The SAVE America Act, an updated version of a bill tightening voter registration standards that the House passed last year, was approved on a 218-213 vote. One Democrat, Rep. Henry Cuellar of Texas, voted for it — down from the four who backed the earlier effort.
Conservative hard-liners wanted the bill attached to a massive government funding package this month, threatening to extend a four-day partial government shutdown until Trump intervened and ordered House Republicans to pass the bill without it.
The legislation would trigger major changes to how Americans vote, including requiring voters to present proof of citizenship to register, eliminating mail-only registrations, and requiring photo ID in every state for the first time. It would also require states to take new steps to remove noncitizens from existing voter rolls.

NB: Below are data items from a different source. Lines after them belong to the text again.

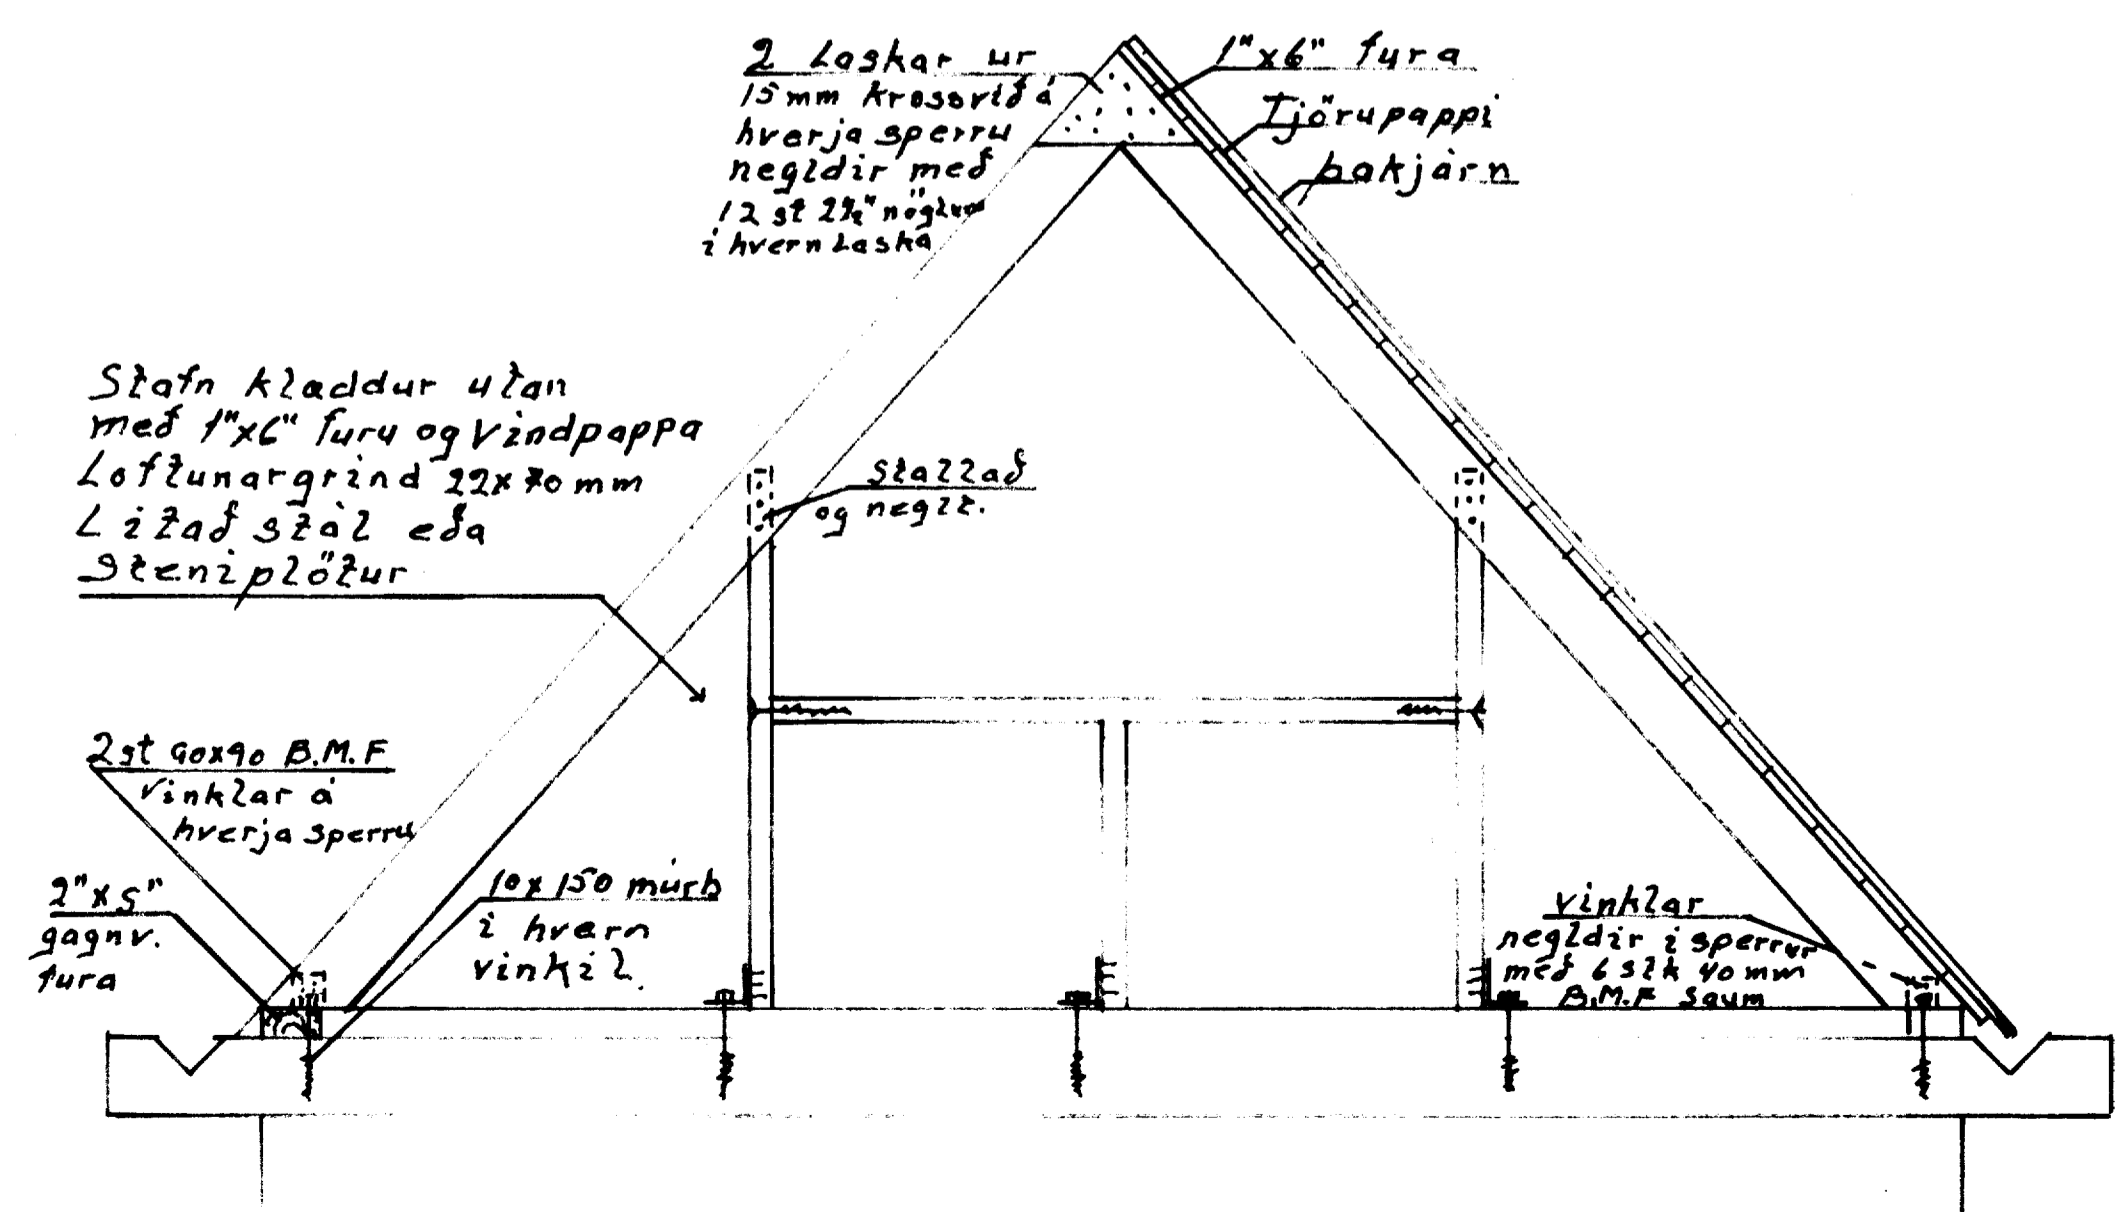

25 JÚNÍ 1998

*Stjórn*  
BYGGINGARFULLTRÚDDA VESTMANNNAEJUM

|                      |  |
|----------------------|--|
| Málk 1:20            | Brimhólabraut 23                                     |
| Önefnd málisma       | Frágangur á grind, sperrum og betnplötum, í sólstofu |
| Teiknað í apríl 1998 | risi og stökkun á bílgeymslu.                        |
|                      | Aquist Huggviðsson.                                  |
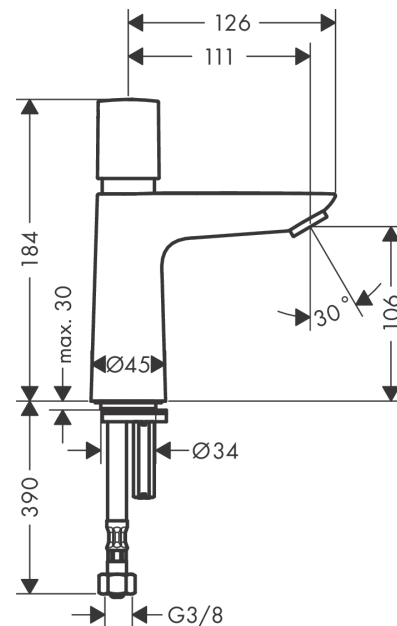

## Talis E

Кран для холодной воды с автоматическим отключением

: хром Артикулный номер: 71719000

#### Характеристики

- ComfortZone 110
- выступ: 111 мм
- высота излива: 106 мм
- тип струи: обычная струя
- максимальный расход воды при 3 барах: 5 л/мин
- Самозакрывающийся картридж
- время промывания: Регулировка в пределах 3-20 секунд (предустановка 7 секунд)
- только для холодной воды
- возможна постоянная промывка
- вид соединения: соединительный шланг G 3/8
- Для термической дезинфекции требуется сервисный инструмент # 93913000

### График расхода воды

Talis E

Кран для холодной воды с автоматическим отключением

: хром Артикулный номер: 71719000

Покомпонентное изображение

Год выпуска: >04/21

**Talis E****Кран для холодной воды с автоматическим отключением**: хром Артикулный номер: **71719000****Перечень запасных частей**

Год выпуска: &gt;04/21

Позиция	Описание	Артикулный номер	PC	PU
1	handle	94408000	-	1
2	service set	93913000	-	1
3	shut off unit	94397000	-	1
4	O-ring 3x1	98384000	-	1
5	nut	92528000	-	1
6	O-ring 27x1,5	92527000	-	1
7	shut off unit	94374000	-	1
8	adapter for cartridge	94407000	-	1
9	O-ring 23x2	98398000	-	1
10	aerator M24x1 (5 l/min)	92372000	-	1
11	screw M8 x 68	97736000	-	1
12	seal Ø 42	98722000	-	1
13	fixing set	96016000	-	1
14	connection hose 450 mm M8x0,75 G3/8	93405000	-	1
15	O-ring 7x1,5	98422000	-	1
16	filter packing	95291000	-	1
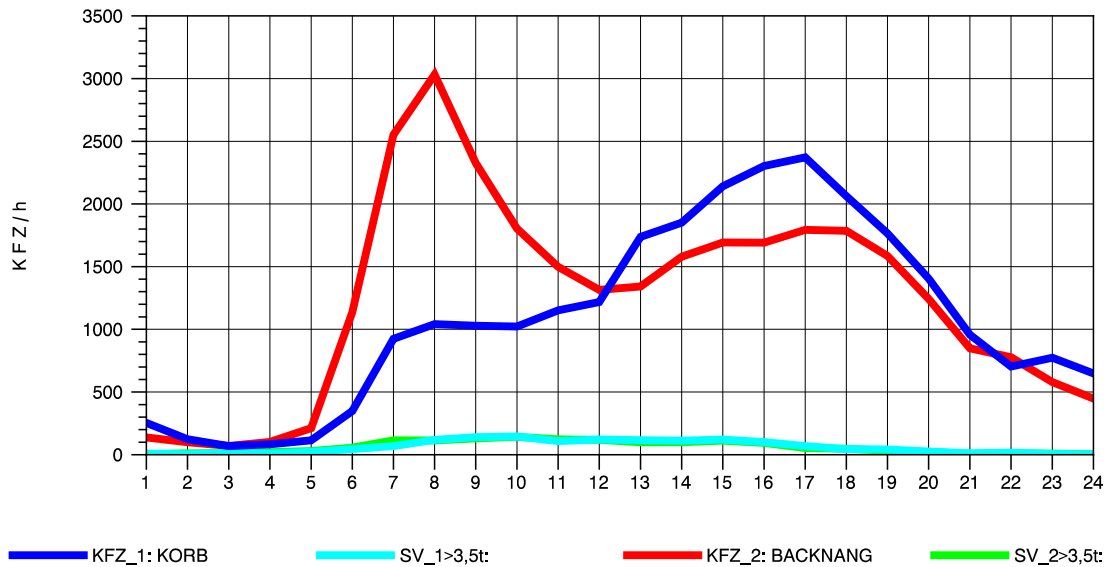

STRASSENVERKEHRSZÄHLUNGEN IN BADEN-WÜRTTEMBERG
KORB 71221100 B 14
Freitag, 08. August 2014
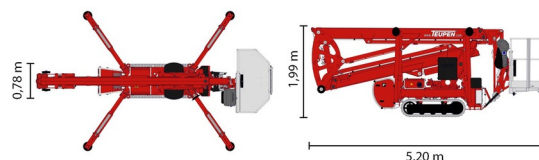

NACELLE ARAIGNEE

Nacelles et élévateurs

TEUPEN LEO 18GT+

» TEUPEN LEO 18GT+

Hauteur de travail	17,60 m
Charge limite	200 kg
Longueur	5,20 m
Largeur	0,78 m
Hauteur	1,99 m
Poids	2400 kg

ACCESSOIRES

- Opérateur - CAT 1
- Rampes synthétiques
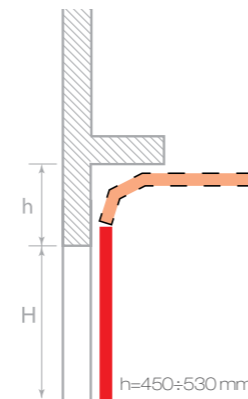

KPSIS levée semi-verticale
KPSIS Höherführung

CARACTÉRISTIQUES
EIGENSCHAFTEN

Panneaux: blanc-gris RAL 9002
Structure: monorail
Accessoires: hublots
Panneel: Weißgrau
Struktur: eine Führung
Zubehör: Fenster
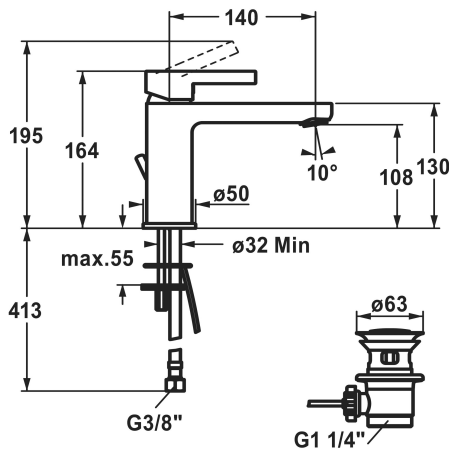

## KWC FIT Hebelmischer - Waschtisch

Modell-Linie: FIT | 12.548.042.000FL | 125417 | EAN/GTIN: 7612158537388  
Armaturen | Manuelle Armaturen

### Artikel-Nummer

- 125417**  
chromeline, A 140, flexible Anschlusschläuche, mit Ablaufventil
- 125418**  
chromeline, A 140, flexible Anschlusschläuche, ohne Ablaufventil

- \* Hebelmischer
- \* EcoProtect - Wasserspareinrichtung
- \* Auslauf fest
- Neoperl® Perlator®
- \* OptimalSpace - grosszügiger Wasch- / Arbeitsbereich
- \* KWC Steuerpatrone M 35 OP

### Technische Daten

Auslaufmenge	5 l/min (3 bar)
Ablaufgarnitur	mit Ablaufgarnitur
Anschluss	Flexible Anschlusschläuche
Auslauf	fest
Bedienung	topbedient
Farbcode	chromeline
Installationsart	Standmontage
Armatortyp	Hebelmischer
Mass Höhe	164
Armaturengeräuschgruppe	I
Ausladung A	A 140
Energie Etikette	A
Mass-Wasseraustritt	108
Material	Messing
teamNumber	725676.502
sanitasTroeschNumber	6111 353.501

### Ersatzteile

**KWC FIT**  
Hebelmischer - Waschtisch

Modell-Linie: FIT | 12.548.042.000FL | 125417 | EAN/GTIN: 7612158537388  
Armaturen | Manuelle Armaturen

**Steuerpatrone**

**538331**  
Z.537.710

**Ablaufventil**
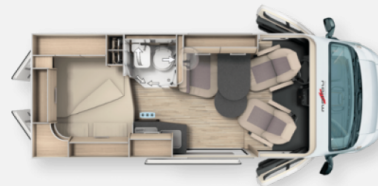

Exposé

Malibu Compact 540 DB

68.568,- €

MwSt. ausweisbar

Fahrzeug

CAMPING WORLD®
NEUGEBAUER

bereits
4x in Europa

carthago®
Das Reisemobil.

ETRVSCO

malibu
a company of Carthago

**NIESMANN
+ BISCHOFF**

TISCHER
FREIZEITFAHRZEUGE

Grundriss

The GOP’s hope is that the focus on election integrity and Trump’s false claims that the 2020 election was “rigged” will help drive turnout among MAGA voters when Trump isn’t on the ballot this November, according to three people granted anonymity to discuss internal strategy. The vote is also meant to satisfy the president’s demands for a voting crackdown as he mulls bigger overhauls many Republicans oppose, like “federalizing” America’s election system and ending mail voting.
But the House vote hands a hot potato to Senate Majority Leader John Thune, who has ruled out changing Senate rules to weaken the 60-voter supermajority threshold to pass the bill and has reacted coolly to suggestions a “talking filibuster” approach could work instead.
House GOP leaders deployed a procedural feint, using a Senate-passed shell bill to try to fast-track consideration in the other chamber — part of the Trump-backed push to try to force a reckoning on the filibuster.
Sen. Lisa Murkowski (R-Alaska) poured cold water on House Republicans’ celebratory mood this week.
Even before the House vote Wednesday, Murkowski announced she would oppose it — lambasting the bill as “federal overreach.” Her move sparked an onslaught of recriminations from House Republicans, who are still pushing Thune and Speaker Mike Johnson to find a way to send the bill to Trump’s desk.